Collection entries:
▶

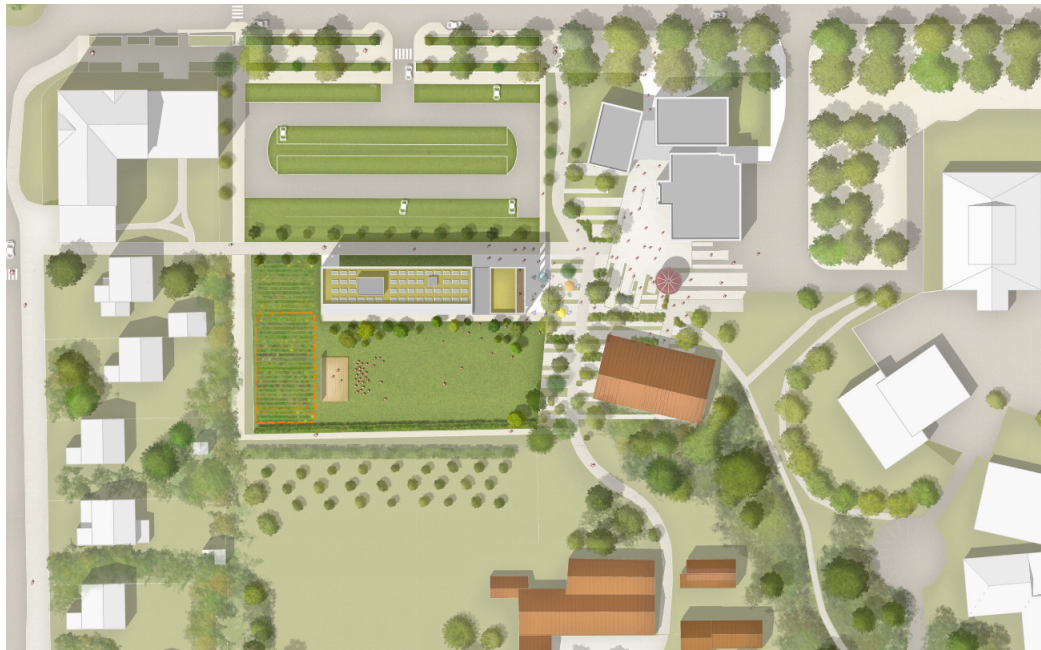

Surface dans œuvre : 900 m²

Montant prévisionnel des travaux : H.T. 3 200 000 €

Partenaires :

Béton – BE Structure

Cap Terre – BE Thermique

D'une ville à l'autre – Paysagistes

Emacoustic -BE Acoustique

Eric Alquié – Economiste de la construction

Crédit image : Ilulissa

Pour ce projet, l'espace public est pensé à l'échelle du grand parc intégrant les différents équipements : Ecoles de musique, de danse, crèche et groupe scolaire, prairie, le chemin de traverse piéton jusqu'à la mairie, ... Un parvis arboré relie les équipements et vient se glisser sous le bâtiment au travers du café et du forum. Ce parvis est le support d'usages conviviaux : placette, manège type « La Machine », jeux divers, ...

L'équipement comporte son propre jardin déployé sur toute la façade Sud du projet : de grandes jardinières de réemploi, ou construites avec les utilisateurs, sont installées sur les grandes terrasses pour planter des grimpances, des petites cépées arbustives, des massifs de fleurs, ou encore, au droit de la cuisine et des espaces de découverte, des plans de légumes, herbes aromatiques, salades, tomates, ... au gré des saisons. La prairie offre un motif singulier, espace libre et ouvert, elle comporte des bosquets ombragés voisinant les aires de jeux. Des meubles en bois construits lors d'ateliers participatifs composent des solariums au calme, tandis qu'une grande scène permet des manifestations de danse, théâtre ou musique, notamment avec les écoles voisines.

Le projet est construit sur une trame simple et claire, qui organise les fonctions et les espaces, en conférant une grande souplesse de modifications ou d'évolutions ultérieures. Cette trame se traduit constructivement par un système poteaux-poutres en bois, efficace mécaniquement, et très facile à aménager.

◀

Task statement:
The line containing "Eric Alquié – Economiste de la construction" marks the start; retype it and each line after it through the end of the records above, exactly.

Task answer:
Eric Alquié – Economiste de la construction

Crédit image : Ilulissa

Pour ce projet, l'espace public est pensé à l'échelle du grand parc intégrant les différents équipements : Ecoles de musique, de danse, crèche et groupe scolaire, prairie, le chemin de traverse piéton jusqu'à la mairie, ... Un parvis arboré relie les équipements et vient se glisser sous le bâtiment au travers du café et du forum. Ce parvis est le support d'usages conviviaux : placette, manège type « La Machine », jeux divers, ...

L'équipement comporte son propre jardin déployé sur toute la façade Sud du projet : de grandes jardinières de réemploi, ou construites avec les utilisateurs, sont installées sur les grandes terrasses pour planter des grimpances, des petites cépées arbustives, des massifs de fleurs, ou encore, au droit de la cuisine et des espaces de découverte, des plans de légumes, herbes aromatiques, salades, tomates, ... au gré des saisons. La prairie offre un motif singulier, espace libre et ouvert, elle comporte des bosquets ombragés voisinant les aires de jeux. Des meubles en bois construits lors d'ateliers participatifs composent des solariums au calme, tandis qu'une grande scène permet des manifestations de danse, théâtre ou musique, notamment avec les écoles voisines.

Le projet est construit sur une trame simple et claire, qui organise les fonctions et les espaces, en conférant une grande souplesse de modifications ou d'évolutions ultérieures. Cette trame se traduit constructivement par un système poteaux-poutres en bois, efficace mécaniquement, et très facile à aménager.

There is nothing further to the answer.